• Description of the task: In the listing below, find the line containing "Nr katalogowy : **K225M**" and the line containing "MONOLOCK \)](#) - niedostępny.". Repeat exactly those two lines and every line between them.

=== Input for this task ===

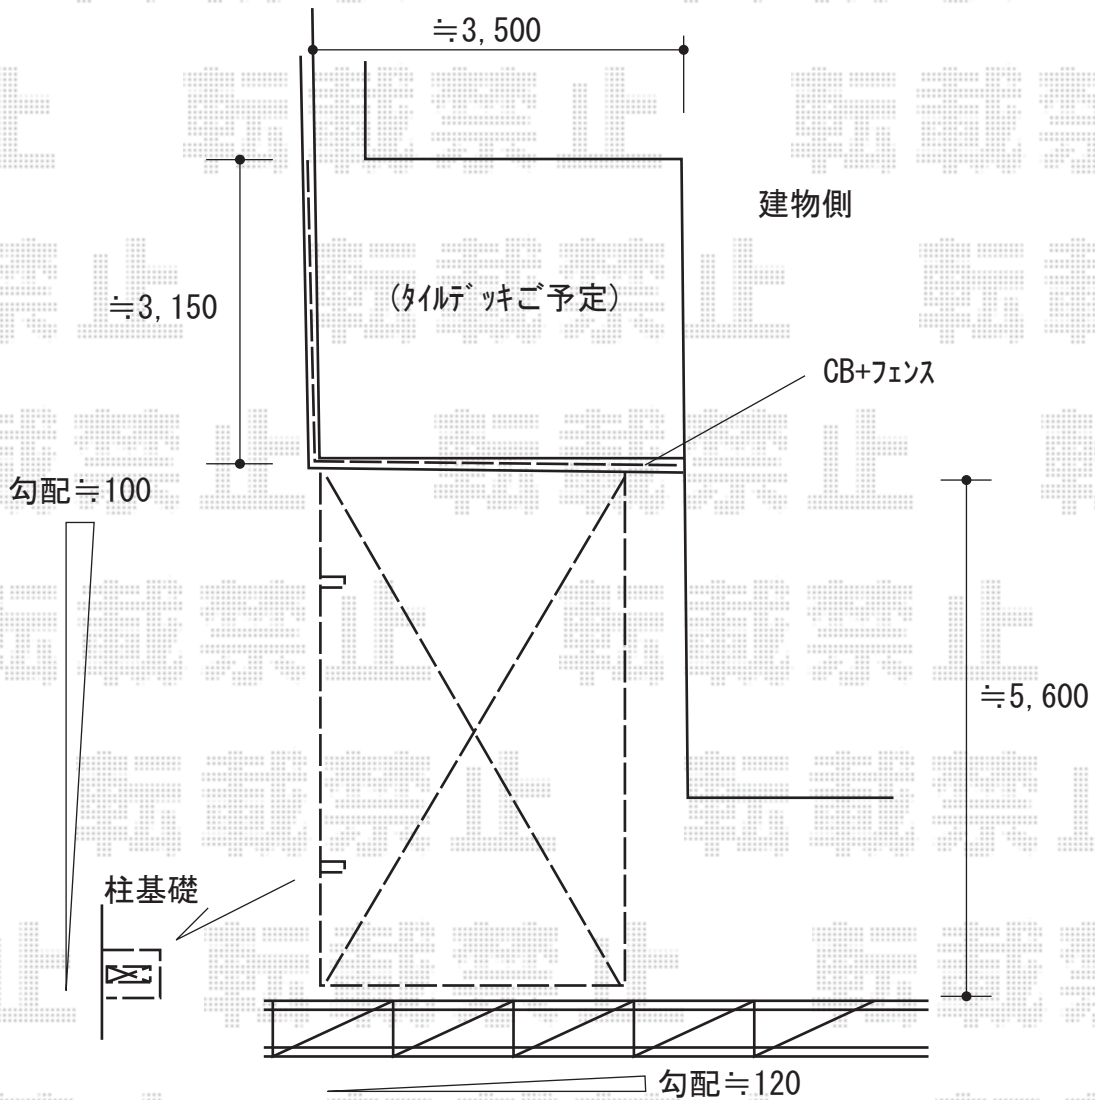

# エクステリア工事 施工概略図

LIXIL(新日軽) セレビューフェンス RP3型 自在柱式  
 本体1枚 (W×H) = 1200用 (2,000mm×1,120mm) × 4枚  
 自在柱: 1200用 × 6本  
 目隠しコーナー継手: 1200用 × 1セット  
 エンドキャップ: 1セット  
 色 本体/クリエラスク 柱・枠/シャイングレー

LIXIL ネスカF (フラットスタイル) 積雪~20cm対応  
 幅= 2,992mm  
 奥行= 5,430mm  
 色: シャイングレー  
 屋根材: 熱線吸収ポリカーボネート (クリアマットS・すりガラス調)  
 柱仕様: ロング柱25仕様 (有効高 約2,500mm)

===
=== Input for this task ===

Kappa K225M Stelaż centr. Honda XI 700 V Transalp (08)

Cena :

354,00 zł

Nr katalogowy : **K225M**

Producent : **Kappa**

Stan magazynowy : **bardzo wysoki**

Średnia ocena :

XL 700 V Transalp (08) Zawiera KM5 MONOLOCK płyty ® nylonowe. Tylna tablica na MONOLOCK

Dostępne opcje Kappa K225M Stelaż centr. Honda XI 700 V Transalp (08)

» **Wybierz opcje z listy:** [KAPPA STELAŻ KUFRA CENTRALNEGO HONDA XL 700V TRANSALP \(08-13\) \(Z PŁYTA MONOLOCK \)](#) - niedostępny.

===

• Answer below:
Nr katalogowy : **K225M**

Producent : **Kappa**

Stan magazynowy : **bardzo wysoki**

Średnia ocena :

XL 700 V Transalp (08) Zawiera KM5 MONOLOCK płyty ® nylonowe. Tylna tablica na MONOLOCK

Dostępne opcje Kappa K225M Stelaż centr. Honda XI 700 V Transalp (08)

» **Wybierz opcje z listy:** [KAPPA STELAŻ KUFRA CENTRALNEGO HONDA XL 700V TRANSALP \(08-13\) \(Z PŁYTA MONOLOCK \)](#) - niedostępny.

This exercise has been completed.